Abstract
Objectives
Studies on indirect pulp treatment (IPT) show varying success rates of 73 to 97 %. The necessity of re-opening the cavity and the question of the optimal capping material is still under debate. The aim of this prospective in vivo study was to compare the clinical and microbiological outcomes of mineral trioxide aggregate (MTA), medical Portland cement, and calcium hydroxide on the dentin–pulp complex of permanent and primary teeth treated with two-step IPT.
Materials and methods
In 86 regular patients (51 % men; 49 % women; age 17.2 years ±13.8), one deep carious lesion each was treated with incomplete caries removal, randomly selected capping with either calcium hydroxide (n = 31), medical Portland cement (29) or white MTA (26), and re-entry (6.3 months ±1.0).

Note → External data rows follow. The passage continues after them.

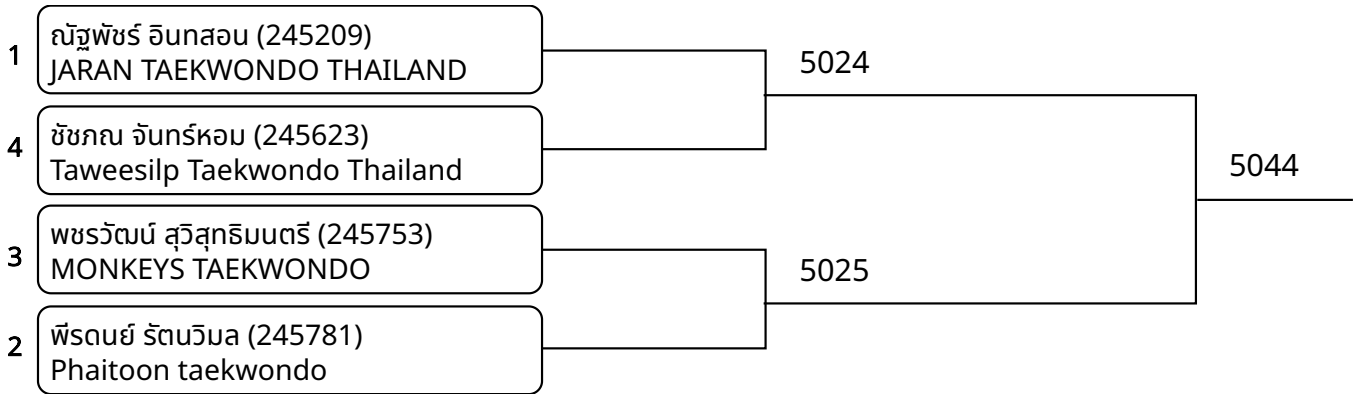

ต่อสู้ B 7-8ปี ชาย B 20-23 Kg. (entries: 9)

ต่อสู้ B 7-8ปี ชาย C 23-26 Kg. (entries: 13)

ต่อสู้ B 7-8ปี ชาย D 26-30 Kg. (entries: 2)

ต่อสู้ B 7-8ปี ชาย E +30 Kg. (entries: 4)

ต่อสู้ B 7-8ปี หญิง A -20 Kg. (entries: 2)
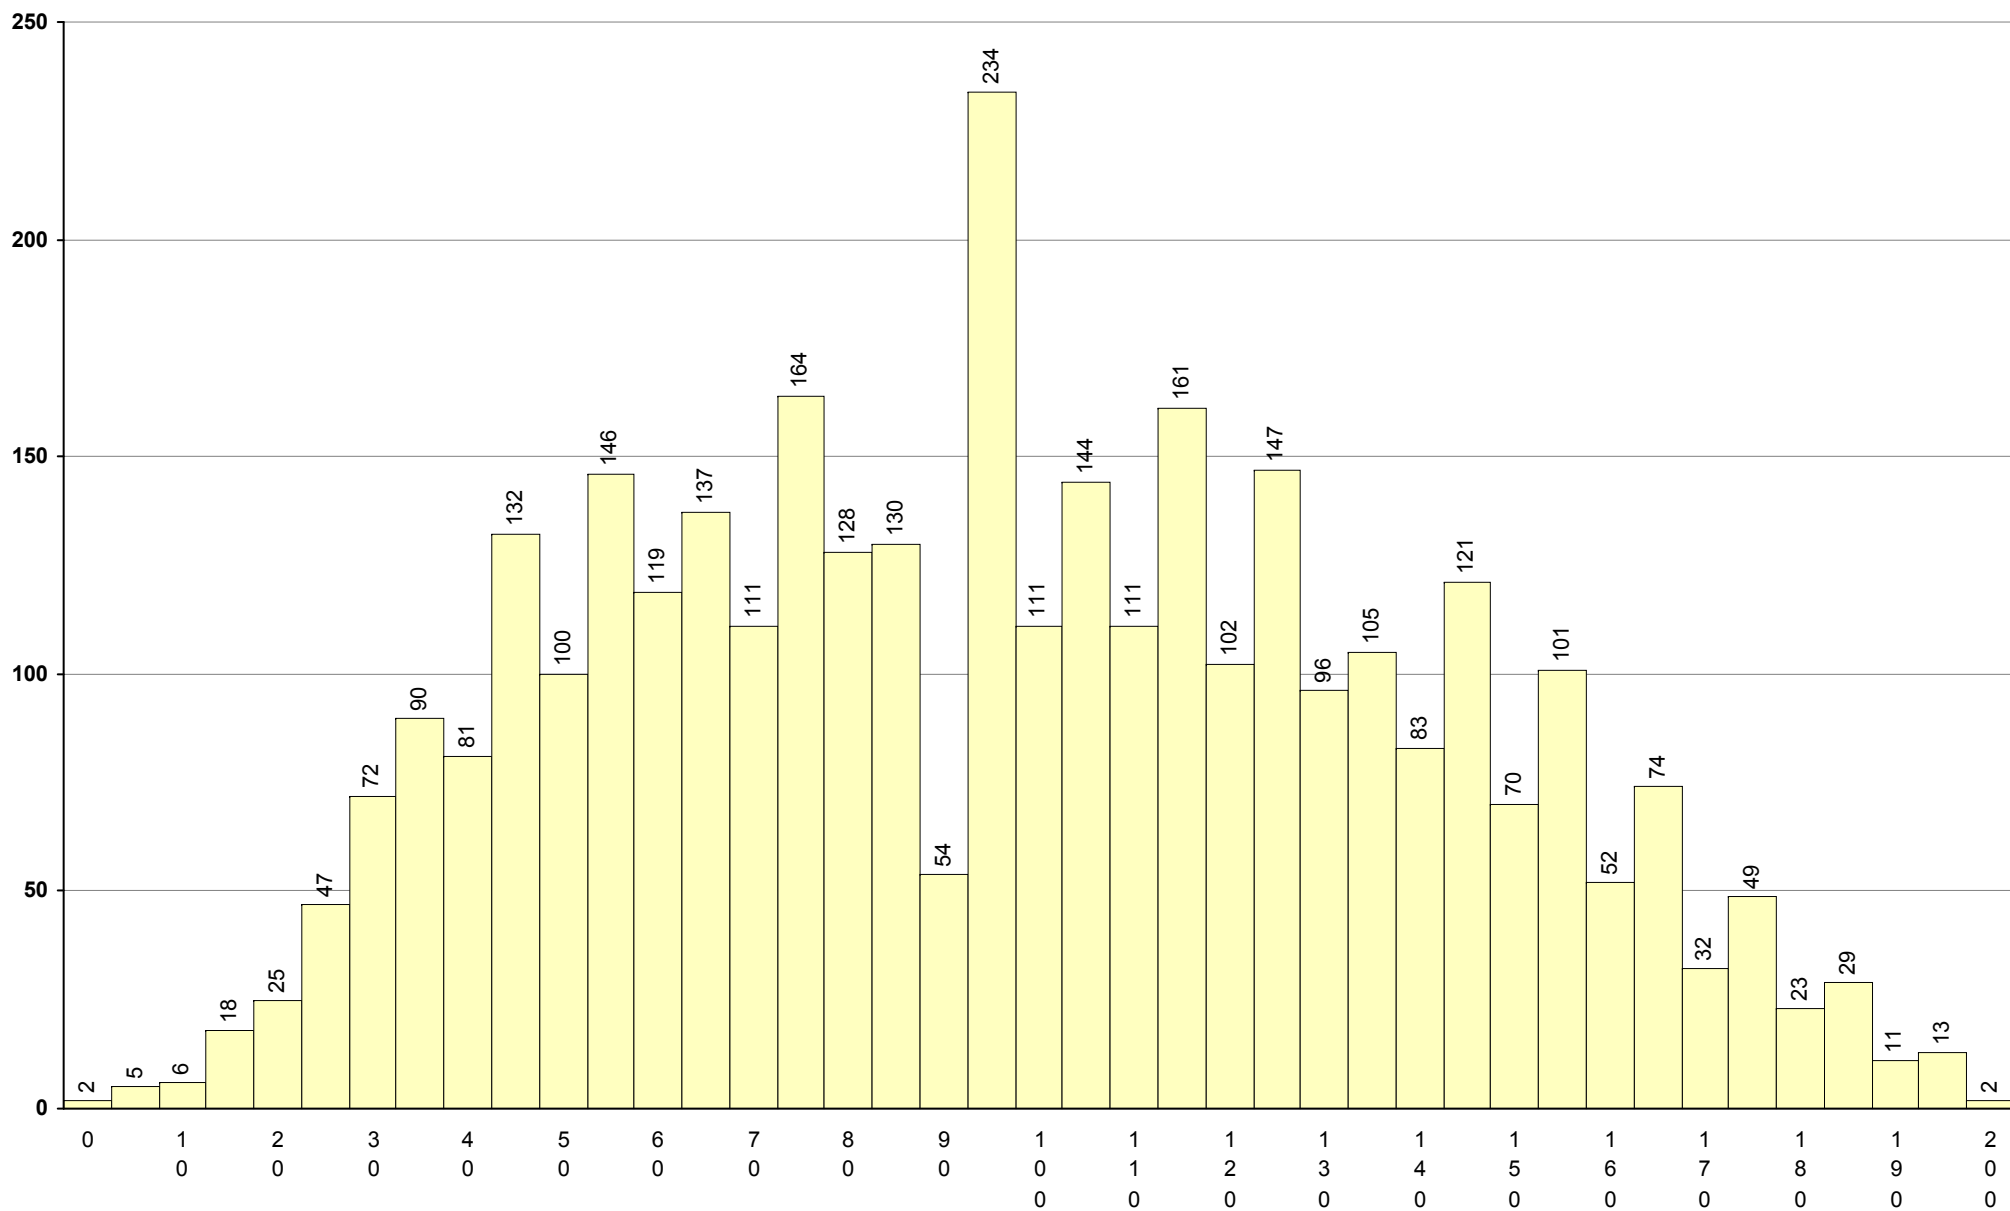

714 Filosofia

2ª Fase

Provas: 3438

Negativas: 1567

Média: 99

Desvio: 42

Clinical (color, humidity, and consistency of dentin) and microbiological (Lactobacilli/Mutans Strep. counts) parameters were recorded at the first and second treatment.
Results
The IPT had a high success rate of 90.3 % regardless of the material used (p = 0.72). The arrested lesions showed consistently darker, dry, and therefore, sclerotic dentine (p < 0.05) as well as a decrease in bacterial counts at re-entry (Lactobacilli p = 0.01/Mutans Strep. p = 0.07).
Conclusions
The findings of this study support the use of the IPT as a treatment for deep carious lesions preferably with non-resorbing materials such as MTA or medical Portland cement.
Clinical relevance
The findings of this study could promote the improvement of the IPT as a one-step treatment of deep carious lesions when the remaining demineralized dentin would be sealed with durable restorations.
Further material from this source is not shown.